HDInsight Spark 集群出现异常警报

Hortonworks 在近期发布的 Spark 版本中出现了一个错误配置,监测脚本 alert_spark2_thrift_port.py 错误的监听了 10016 端口(在 Ambari 上看到错误提示说 Spark Thrift 非正常工作)。如果在 HDInsight 的 Spark 集群 Ambari 界面中发现了以下 Alert 信息,但是集群能够连接且工作正常,那么可以参照此篇文章提供的方法尝试进行修复。
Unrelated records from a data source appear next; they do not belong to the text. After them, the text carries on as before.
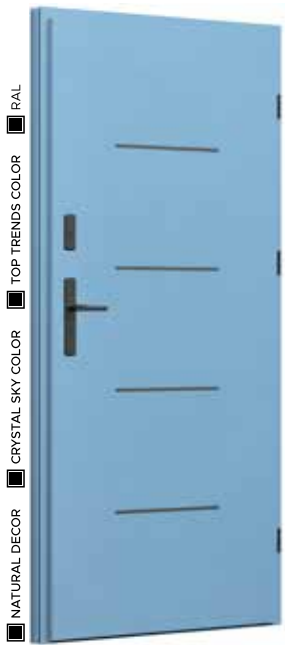

☒ NATURAL DECOR
☒ CRYSTAL SKY COLOR
☒ TOP TRENDS COLOR
☒ RAL

Model FI03b

TOP TRENDS COLOR
BLUE MIST

OVERLAY
BLACK

HANDLE
MANITOBA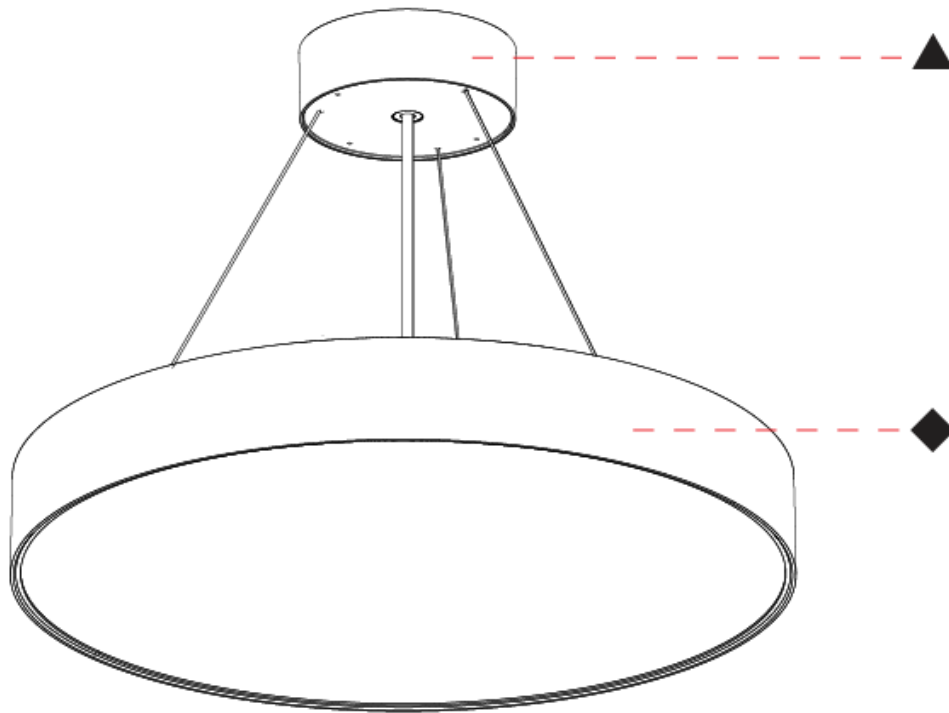

SIGN EVO SUSPENSION

A3001100-HE-

PROJECT	_____
TYPE	_____
SPECIFIER	_____
QUANTITY	_____
DATE	_____

A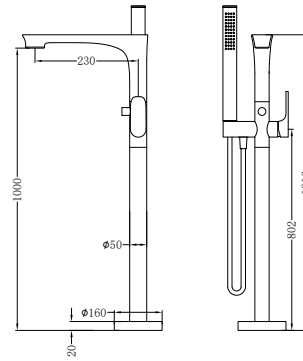

Matte Black
NR321503aMB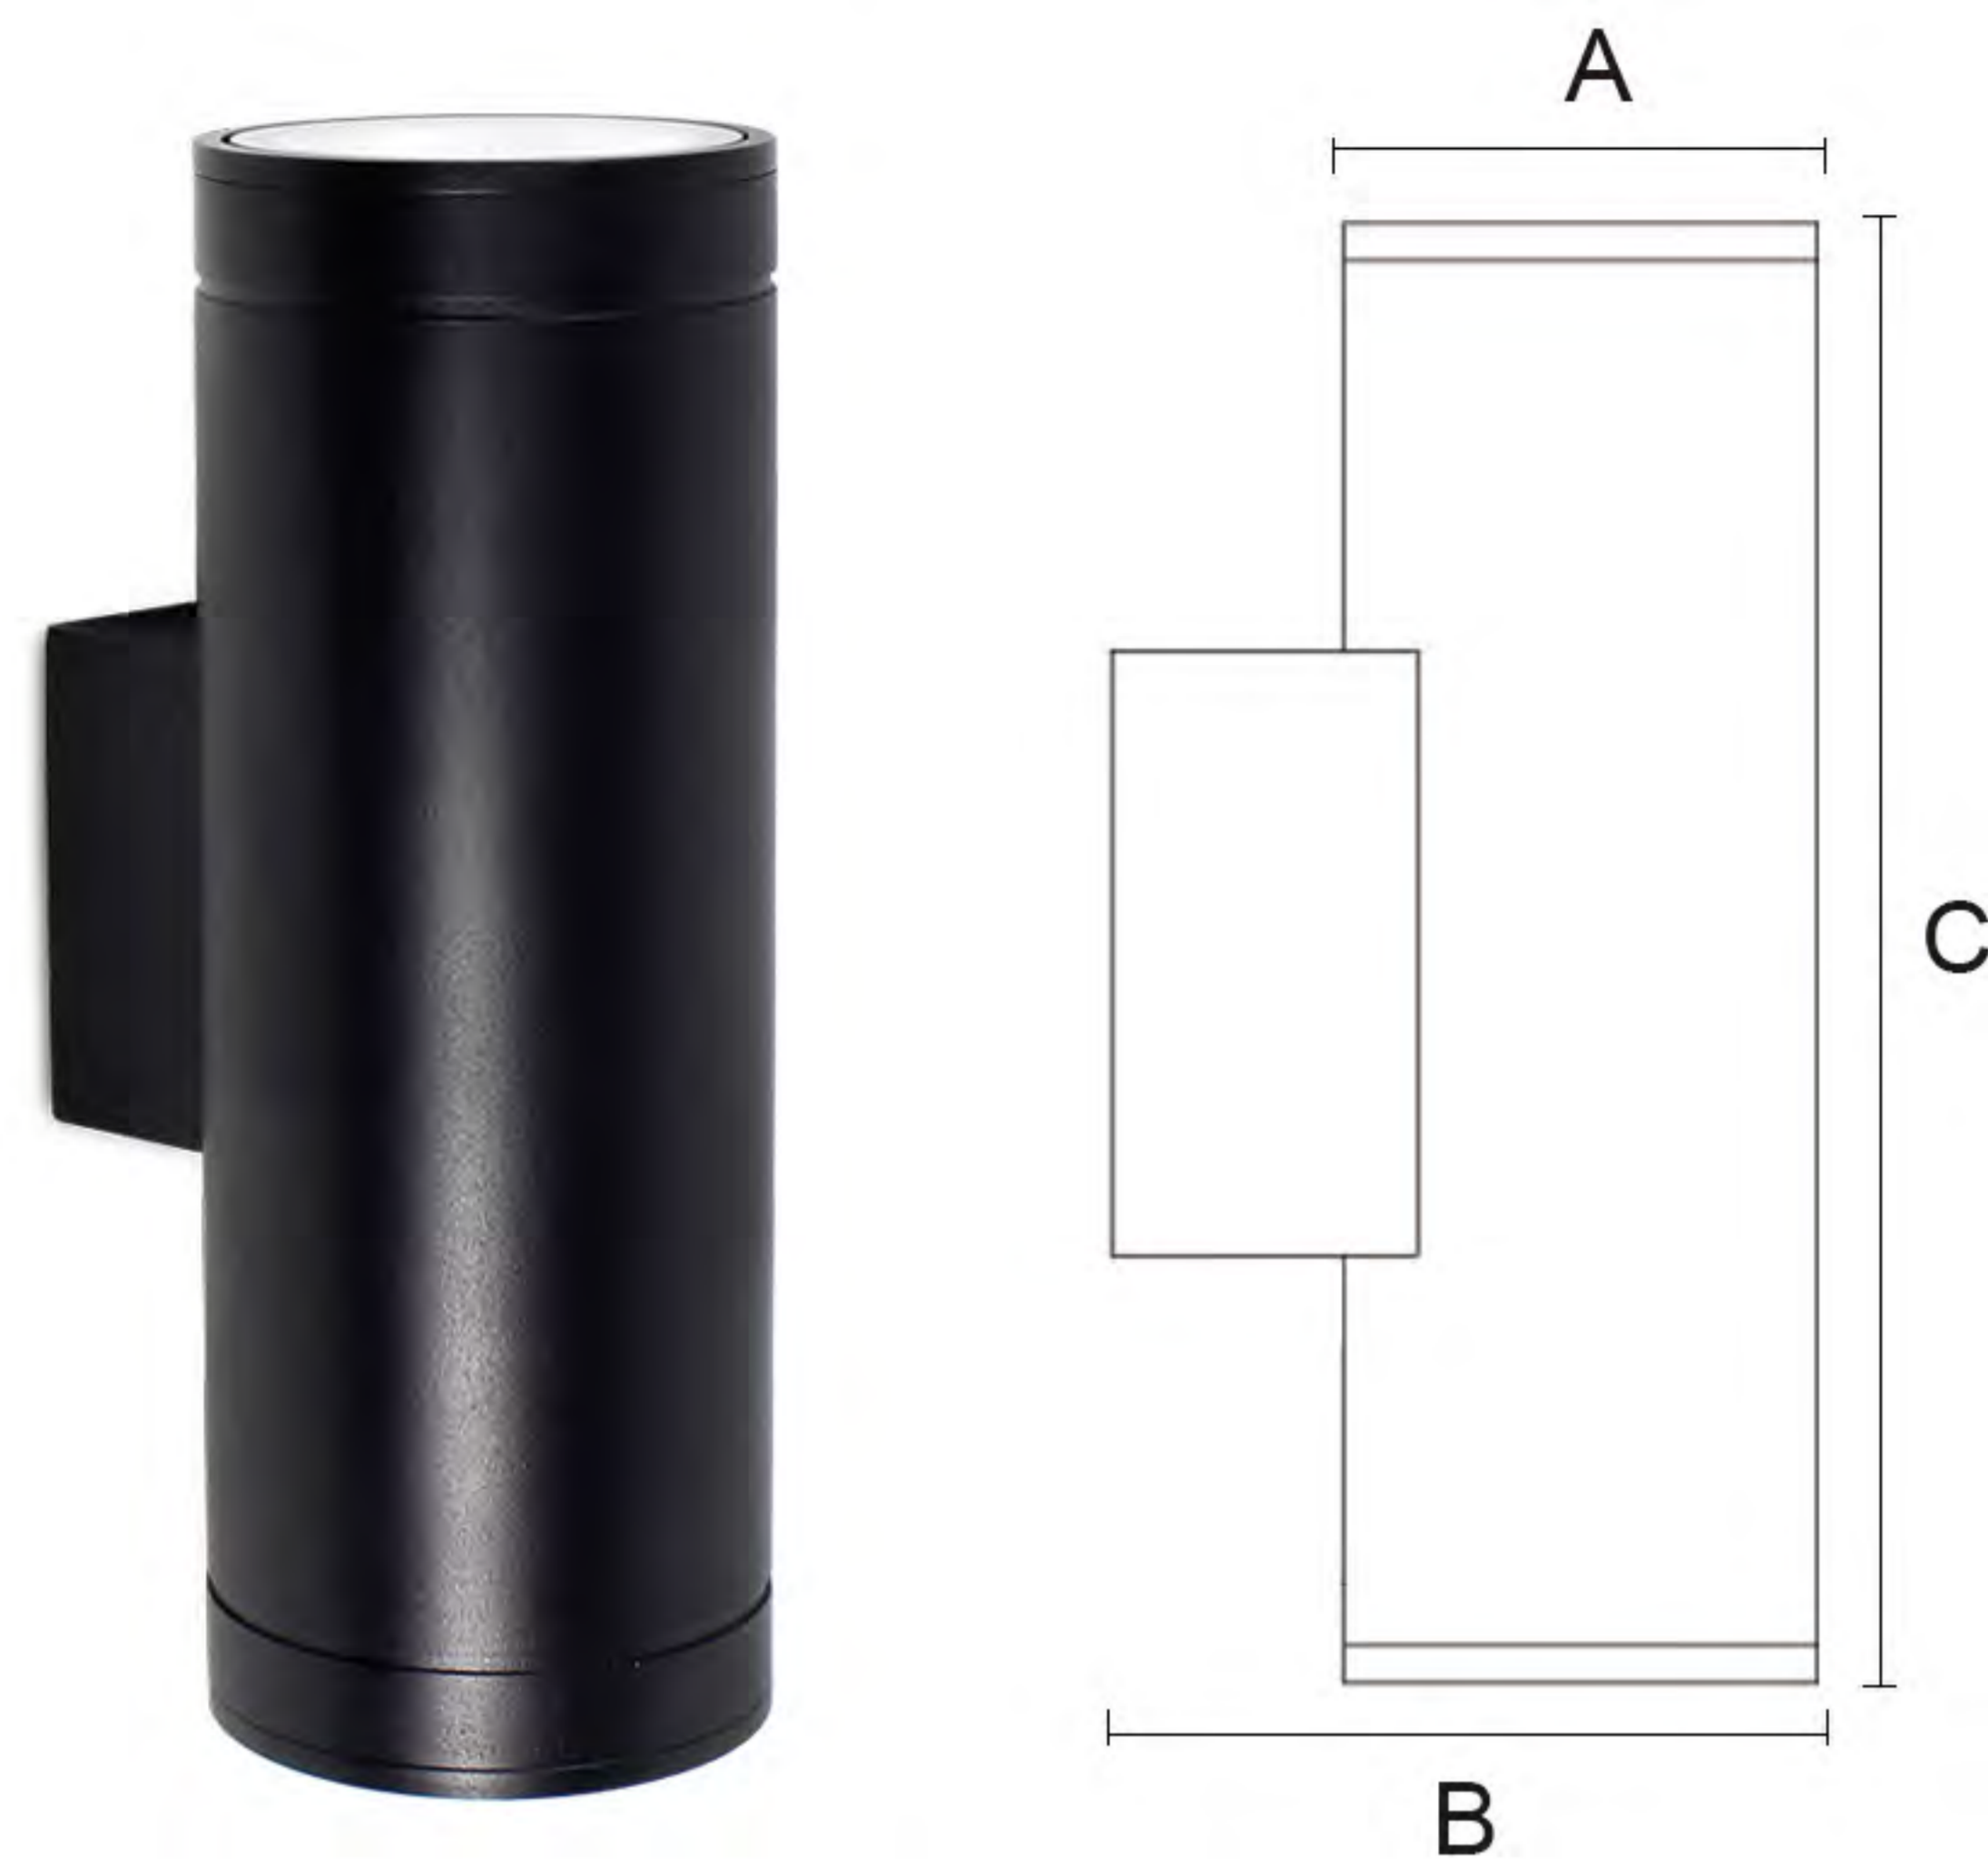

MB19-3002

Features&Benefit (功能和优点)

Category (品类)	Wall Light
Diffuser Material (扩散器材质)	Glass
Cover Material (面盖材质)	Aluminum
Operating mode (运行)	Built in
Steuerbar (开关)	On/Off
IP (防水等级)	54
Mounting type (安装类型)	Wall mounted
Mounting location (安装位置)	Wall
Application environment (应用环境)	Indoor/Outdoor
Body color (表面颜色)	Black/Dark Gray/Sliver Gray

Product Description (产品描述)

Suitable for use on the exterior walls, fences or suitable places of buildings such as courtyards, commercial buildings, office buildings, parks and so on. Providing general lighting or decoration in outdoor areas, they help distribute light evenly throughout a space, eliminating dark corners and enhancing overall brightness. Often used in conjunction with other light sources to create well-lit environments; highlighting display features, artwork or architectural elements to add a sense of accent to a space.

微软 HDInsight Spark 产品组已经对此问题做了修复,会在下一个 release 进行部署。

备注

Azure HDInsight 是 Hortonworks Data Platform (HDP) 提供的 Hadoop 组件的云发行版

Alert 报错信息

alert

Connection failed on host xxx-xxx-xx.tmu2a1fyxcvebfe0i4avtrjj5b.ax.internal.chinacloudapp.cn:10016 (Traceback (most recent call last):
    File "/var/lib/ambari-agent/cache/common-services/SPARK2/2.0.0/package/scripts/alerts/alert_spark2_thrift_port.py", line 144, in execute
        Execute(cmd, user=hiveruser, path=[beeline_cmd], timeout=CHECK_COMMAND_TIMEOUT_DEFAULT)
    File "/usr/lib/python2.6/site-packages/resource_management/core/base.py", line 155, in __init__
        self.env.run()
    File "/usr/lib/python2.6/site-packages/resource_management/core/environment.py", line 160, in run
        self.run_action(resource, action)
    File "/usr/lib/python2.6/site-packages/resource_management/core/environment.py", line 124, in run_action
        provider_action()
    File "/usr/lib/python2.6/site-packages/resource_management/core/providers/system.py", line 262, in action_run
        tries=self.resource.tries, try_sleep=self.resource.try_sleep)
    File "/usr/lib/python2.6/site-packages/resource_management/core/shell.py", line 72, in inner
        result = function(command, **kwargs)
    File "/usr/lib/python2.6/site-packages/resource_management/core/shell.py", line 102, in checked_call
        tries=tries, try_sleep=try_sleep, timeout_kill_strategy=timeout_kill_strategy)
    File "/usr/lib/python2.6/site-packages/resource_management/core/shell.py", line 150, in _call_wrapper
        result = _call(command, **kwargs_copy)
    File "/usr/lib/python2.6/site-packages/resource_management/core/shell.py", line 303, in _call
        raise ExecutionFailed(err_msg, code, out, err)
    ExecutionFailed: Execution of '! beeline -u 'jdbc:hive2://xxx-xxx-xx.tmu2a1fyxcvebfe0i4avtrjj5b.ax.internal.chinacloudapp.cn:10016/default' transportMode=http  -e '' 2>&1| awk '{print}'|grep -i -e 'Connection refused' -e 'Invalid URL'' returned 1. Error: Could not open client transport with JDBC Uri: jdbc:hive2://xxx-xxx-xx.tmu2a1fyxcvebfe0i4avtrjj5b.ax.internal.chinacloudapp.cn:10016/default: java.net.ConnectException: Connection refused (Connection refused) (state=08S01,code=0)
    
    Error: Could not open client transport with JDBC Uri: jdbc:hive2://xxx-xxx-xx.tmu2a1fyxcvebfe0i4avtrjj5b.ax.internal.chinacloudapp.cn:10016/default: java.net.ConnectException: Connection refused (Connection refused) (state=08S01,code=0)
)

修复方法

在两个 headnode 节点上修改文件 : /var/lib/ambari-agent/cache/common-services/SPARK2/2.0.0/package/scripts/alerts/alert_spark2_thrift_port.py

原脚本内容为:

THRIFT_PORT_DEFAULT = 10016
HIVE_SERVER_TRANSPORT_MODE_DEFAULT = 'binary'

改成以下值:

THRIFT_PORT_DEFAULT = 10002
HIVE_SERVER_TRANSPORT_MODE_DEFAULT = 'http'

修改完之后,再次刷新 Ambari,查看 Alert 是否消失。